Nonetheless, it will probably occur generally that VertiPaq comes to a decision about which algorithm to make use of primarily based on the pattern knowledge, however then some outlier pops up and it must re-encode the column from scratch.

Let’s use our earlier instance for the variety of cellphone calls: VertiPaq scans the pattern and chooses to use Worth encoding. Then, after processing 10 million rows, rapidly it discovered a 500.000 worth (it may be an error, or no matter). Now, VertiPaq re-evaluates the selection, and it will probably determine to re-encode the column utilizing the Hash algorithm as a substitute. Absolutely, that may affect the entire course of by way of the time wanted for reprocessing.

Lastly, right here is the record of parameters (so as of significance) that VertiPaq considers when selecting which algorithm to make use of:

Variety of distinct values within the column (Cardinality)
Information distribution within the column — column with many repeating values might be higher compressed than one containing incessantly altering values (RLE might be utilized)
Variety of rows within the desk
Column knowledge kind — impacts solely the dictionary dimension

Lowering the info mannequin dimension by 90% — actual story!

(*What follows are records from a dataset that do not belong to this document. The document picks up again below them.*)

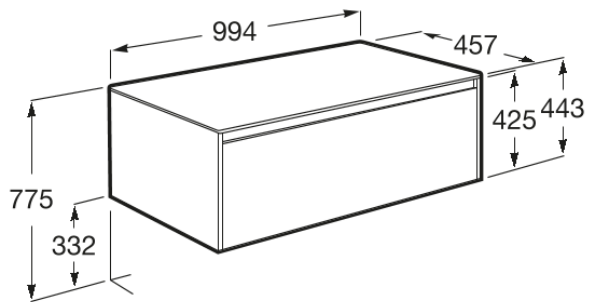

ONA

Mueble base de un cajón para lavabo de sobre encimera

DIBUJOS TÉCNICOS

CARACTERÍSTICAS

Mueble base de un cajón para lavabo de sobre encimera. No incluye lavabo ni grifería.

COMPRADOS JUNTOS HABITUALMENTE

Lavabo asimétrico de Fineceramic® de sobre encimera
32768C..0

Lavabo de Fineceramic® de sobre encimera
3275L0..0

Lavabo de Fineceramic® de sobre encimera
32768J..0

Monomando para lavabo con cuello alto y cuerpo liso. Cold Start
5A349E..0

Monomando empotrable a pared para lavabo
5A359E..0

Square - Lavabo de sobre encimera
3270MM..0

Round - Lavabo de sobre encimera
3270MK..0

Square - Lavabo de sobre encimera
3270ML..0

Ona

Simplicidad natural. Ona es para todos los que disfrutan de la fuerza de los paisajes silenciosos, rindiendo homenaje a las diferentes formas de la naturaleza desde nuestro Mediterráneo. Es funcional sin parecer fría, con una estética marcada en línea con la calidez inherente del entorno natural.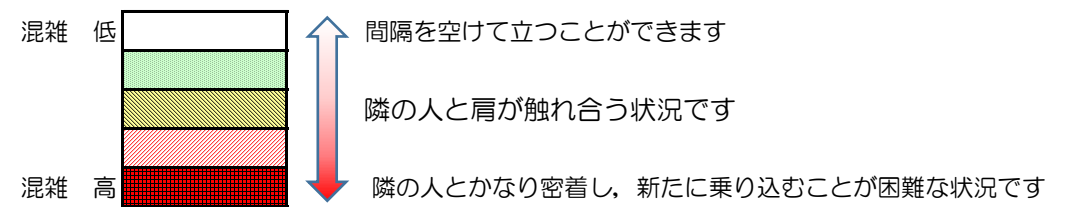

七隈線（橋本方面）の混雑状況

■ **令和3年4月15日(木)**のご利用状況をもとに作成しています。

混雑状況の目安

(橋本方面)	天神南 ↵ 渡辺通	渡辺通 ↵ 薬院	薬院 ↵ 薬院大通	薬院大通 ↵ 桜坂	桜坂 ↵ 六本松	六本松 ↵ 別府	別府 ↵ 茶山	茶山 ↵ 金山	金山 ↵ 七隈	七隈 ↵ 福大前	福大前 ↵ 梅林	梅林 ↵ 野芥	野芥 ↵ 賀茂	賀茂 ↵ 次郎丸	次郎丸 ↵ 橋本
16:00 - 16:15															
16:15 - 16:30															
16:30 - 16:45															
16:45 - 17:00															
17:00 - 17:15															
17:15 - 17:30															
17:30 - 17:45															
17:45 - 18:00															
18:00 - 18:15															
18:15 - 18:30															
18:30 - 18:45															
18:45 - 19:00															

※上記の混雑状況は、目安です。
※同じ時間帯でも列車毎の混雑状況には偏りがあります。

七隈線（天神南方面）の混雑状況

■ **令和3年4月15日(木)**のご利用状況をもとに作成しています。

混雑状況の目安

(天神南方面)	橋本 ↵ 次郎丸	次郎丸 ↵ 賀茂	賀茂 ↵ 野芥	野芥 ↵ 梅林	梅林 ↵ 福大前	福大前 ↵ 七隈	七隈 ↵ 金山	金山 ↵ 茶山	茶山 ↵ 別府	別府 ↵ 六本松	六本松 ↵ 桜坂	桜坂 ↵ 薬院大通	薬院大通 ↵ 薬院	薬院 ↵ 渡辺通	渡辺通 ↵ 天神南
16:00 - 16:15															
16:15 - 16:30															
16:30 - 16:45															
16:45 - 17:00															
17:00 - 17:15															
17:15 - 17:30															
17:30 - 17:45															
17:45 - 18:00															
18:00 - 18:15															
18:15 - 18:30															
18:30 - 18:45															
18:45 - 19:00															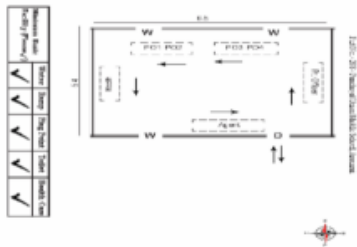

வாக்காளர் பதிவு அலுவலரின்
கையொப்பம்

Nazri Naksha

Google Map View

Polling Station Building Front View

Polling Station Front View

Cad View

Key MAP View

| | | | | | |
|---|----------------------------------|--|----------------------------------|---|----------------------------------|
| 1 பெயர் : நீலா கணவர் பெயர் : சேகர் வீட்டு எண் : 1 வயது : 68 பாலினம் : பெண் | CKK1992098 Photo is available | 2 பெயர் : அழகம்மாள் கணவர் பெயர் : ராமலிங்கம் வீட்டு எண் : 1 வயது : 52 பாலினம் : பெண் | TYQ1281369 Photo is available | 3 பெயர் : கணேஷ் தந்தை பெயர் : ராமலிங்கம் வீட்டு எண் : 1 வயது : 32 பாலினம் : ஆண் | TYQ1281351 Photo is available |
| S 4 பெயர் : திவாகர் தந்தை பெயர் : துரைராஜ் வீட்டு எண் : 1 வயது : 30 பாலினம் : ஆண் | TYQ0819433 Photo is available | #2 5 பெயர் : நித்தீஷ் தந்தை பெயர் : செந்தில்குமார் வீட்டு எண் : 43 வயது : 25 பாலினம் : ஆண் | TYQ1374024 Photo is available | 6 பெயர் : சினேகா தந்தை பெயர் : முருகேசன் வீட்டு எண் : 1 வயது : 24 பாலினம் : பெண் | TYQ2609162 Photo is available |
| S 7 பெயர் : கிருத்திகா தந்தை பெயர் : குமார் வீட்டு எண் : 2 வயது : 31 பாலினம் : பெண் | TYQ0721738 Photo is available | 8 பெயர் : ஹரிஹரன் தந்தை பெயர் : குமார் வீட்டு எண் : 2 வயது : 25 பாலினம் : ஆண் | TYQ1373984 Photo is available | 9 பெயர் : நவீன் தந்தை பெயர் : அழகுதரை வீட்டு எண் : 2-ஏ வயது : 25 பாலினம் : ஆண் | TYQ2609576 Photo is available |
| S 10 பெயர் : அகிலா கணவர் பெயர் : போகேஷ்வர் வீட்டு எண் : 3/116 வயது : 29 பாலினம் : பெண் | TYQ2638898 Photo is available | 11 பெயர் : சிதம்பரம் தந்தை பெயர் : ராமசாமி வீட்டு எண் : 4 வயது : 78 பாலினம் : ஆண் | TYQ2288090 Photo is available | 12 பெயர் : ஜோதி கணவர் பெயர் : சிதம்பரம் வீட்டு எண் : 4 வயது : 75 பாலினம் : பெண் | TYQ2288108 Photo is available |
| 13 பெயர் : ராஜ்குமார் தந்தை பெயர் : சிதம்பரம் வீட்டு எண் : 4 வயது : 51 பாலினம் : ஆண் | TYQ2288116 Photo is available | 14 பெயர் : கமருன்னிஷா கணவர் பெயர் : ராஜ்குமார் வீட்டு எண் : 4 வயது : 50 பாலினம் : பெண் | CKK2661189 Photo is available | 15 பெயர் : பரமேஸ்வரி கணவர் பெயர் : சிவக்குமார் வீட்டு எண் : 4 வயது : 49 பாலினம் : பெண் | TYQ0650903 Photo is available |
| 16 பெயர் : சிவக்குமார் தந்தை பெயர் : சிதம்பரம் வீட்டு எண் : 4 வயது : 48 பாலினம் : ஆண் | CKK2723674 Photo is available | S 17 பெயர் : அனுஜா தந்தை பெயர் : கண்ணன் வீட்டு எண் : 4 வயது : 27 பாலினம் : பெண் | TYQ1281377 Photo is available | S 18 பெயர் : மணிகண்டன் தந்தை பெயர் : ஜெயகுமார் வீட்டு எண் : 5-2a வயது : 32 பாலினம் : ஆண் | TYQ0721894 Photo is available |
| 19 பெயர் : சரஸ்வதி கணவர் பெயர் : ராமசாமி வீட்டு எண் : 6 வயது : 66 பாலினம் : பெண் | TYQ2288124 Photo is available | 20 பெயர் : ராமச்சந்திரன் தந்தை பெயர் : பெரியசாமி வீட்டு எண் : 6 வயது : 61 பாலினம் : ஆண் | TYQ2288132 Photo is available | 21 பெயர் : மஞ்சளா கணவர் பெயர் : ராமச்சந்திரன் வீட்டு எண் : 6 வயது : 54 பாலினம் : பெண் | CKK2066405 Photo is available |
| 22 பெயர் : சரவணன் தந்தை பெயர் : ராமகிருஷ்ணன் வீட்டு எண் : 6 வயது : 44 பாலினம் : ஆண் | CKK1523034 Photo is available | 23 பெயர் : சாந்தி கணவர் பெயர் : ரவி வீட்டு எண் : 7 வயது : 56 பாலினம் : பெண் | TYQ2288140 Photo is available | 24 பெயர் : செந்தில்குமார் தந்தை பெயர் : முத்துசாமி வீட்டு எண் : 7 வயது : 42 பாலினம் : ஆண் | TYQ0721688 Photo is available |
| 25 பெயர் : மோகன் இதரர் பெயர் : செந்தமிழ் செல்வன் வீட்டு எண் : 7/20 வயது : 48 பாலினம் : ஆண் | TYQ2638914 Photo is available | 26 பெயர் : செந்தமிழ் செல்வி கணவர் பெயர் : மோகன் வீட்டு எண் : 7/20 வயது : 41 பாலினம் : பெண் | TYQ2645224 Photo is available | 27 பெயர் : சகுந்தலா தந்தை பெயர் : முத்துசாமி வீட்டு எண் : 7A வயது : 56 பாலினம் : பெண் | TYQ1114586 Photo is available |
| 28 பெயர் : கிருத்திகா கணவர் பெயர் : செந்தில்குமார் வீட்டு எண் : 7A வயது : 36 பாலினம் : பெண் | TYQ0819706 Photo is available | 29 பெயர் : சதீஸ்குமார் தந்தை பெயர் : ரவி வீட்டு எண் : 7A வயது : 35 பாலினம் : ஆண் | TYQ0143255 Photo is available | 30 பெயர் : சரஸ்வதி கணவர் பெயர் : அருண் குமார் வீட்டு எண் : 8 வயது : 61 பாலினம் : பெண் | CKK1346352 Photo is available |

After we laid the theoretical floor for understanding the structure behind the VertiPaq storage engine, and which varieties of compression it makes use of to optimize your Energy BI knowledge mannequin, it’s the proper second to get our palms soiled and apply our information in a real-life case!

Start line = 776 MB

Our knowledge mannequin is sort of easy, but memory-intensive. We have now a truth desk (factChat), which comprises knowledge about dwell assist chats and one dimension desk (dimProduct), which pertains to a truth desk. Our truth desk has round 9 million rows, which shouldn’t be an enormous deal for Energy BI, however the desk was imported as it’s, with none extra optimization or transformation.

Now, this pbix file consumes a whopping 777 MB!!! You may’t imagine it? Simply have a look:

Simply bear in mind this image! In fact, I don’t have to let you know how a lot time this report must load or refresh, and the way our calculations are sluggish due to the file dimension.

…and it’s even worse!

Moreover, it’s not simply 776 MBs that take our reminiscence, since reminiscence consumption is being calculated taking into consideration the next components:

PBIX file
Dictionary (you’ve realized concerning the dictionary to start with sections of this text)
Column hierarchies
Person-defined hierarchies
Relationships

Now, if I open Process Supervisor, go to the Particulars tab, and discover the msmdsrv.exe course of, I’ll see that it burns greater than 1 GB of reminiscence!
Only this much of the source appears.